**WHAT THE EXERCISE ASKS:**
An exact transcription of the records is required, minus any images.

**MATERIAL TO PROCESS:**
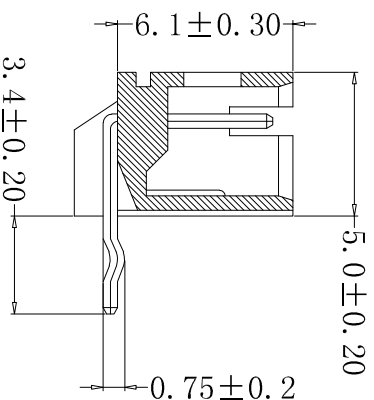

SPECIFICATIONS

- Voltage rating: 250V AC/DC
- Current rating: 2A, AC/DC
- Withstanding Voltage: 800VAC/minute
- Insulation resistance: 1, 000M Ω min
- Temperature range: -40°C to +105 °C
- Contact resistance: 20m Ω max

WAFER

- Part No.: CS-1125R-XXX
- Poles: 2-16
- Material: PA66+30%GF UL94V-0, 本色
- Contact: H65
- Contact Plating: Tin
- Q'TY: 1000 pcs/Tape&reel

Recommend PCB Layout

Poles	PART NO	DIMENSION (mm)		
		A	B	C
2	CS-1125R-02K	2.00	6.00	5.00
3	CS-1125R-03K	4.00	8.00	7.00
4	CS-1125R-04K	6.00	10.00	9.00
5	CS-1125R-05K	8.00	12.00	11.00
6	CS-1125R-06K	10.00	14.00	13.00
7	CS-1125R-07K	12.00	16.00	15.00
8	CS-1125R-08K	14.00	18.00	17.00
9	CS-1125R-09K	16.00	20.00	19.00
10	CS-1125R-10K	18.00	22.00	21.00
11	CS-1125R-11K	20.00	24.00	23.00
12	CS-1125R-12K	22.00	26.00	25.00
13	CS-1125R-13K	24.00	28.00	27.00
14	CS-1125R-14K	26.00	30.00	29.00
15	CS-1125R-15K	28.00	32.00	31.00
16	CS-1125R-16K	30.00	34.00	33.00

**SOLUTION FOR THIS PROBLEM:**
SPECIFICATIONS

- Voltage rating: 250V AC/DC
- Current rating: 2A, AC/DC
- Withstanding Voltage: 800VAC/minute
- Insulation resistance: 1, 000M Ω min
- Temperature range: -40°C to +105 °C
- Contact resistance: 20m Ω max

WAFER

- Part No.: CS-1125R-XXX
- Poles: 2-16
- Material: PA66+30%GF UL94V-0, 本色
- Contact: H65
- Contact Plating: Tin
- Q'TY: 1000 pcs/Tape&reel

Recommend PCB Layout

Poles	PART NO	DIMENSION (mm)		
		A	B	C
2	CS-1125R-02K	2.00	6.00	5.00
3	CS-1125R-03K	4.00	8.00	7.00
4	CS-1125R-04K	6.00	10.00	9.00
5	CS-1125R-05K	8.00	12.00	11.00
6	CS-1125R-06K	10.00	14.00	13.00
7	CS-1125R-07K	12.00	16.00	15.00
8	CS-1125R-08K	14.00	18.00	17.00
9	CS-1125R-09K	16.00	20.00	19.00
10	CS-1125R-10K	18.00	22.00	21.00
11	CS-1125R-11K	20.00	24.00	23.00
12	CS-1125R-12K	22.00	26.00	25.00
13	CS-1125R-13K	24.00	28.00	27.00
14	CS-1125R-14K	26.00	30.00	29.00
15	CS-1125R-15K	28.00	32.00	31.00
16	CS-1125R-16K	30.00	34.00	33.00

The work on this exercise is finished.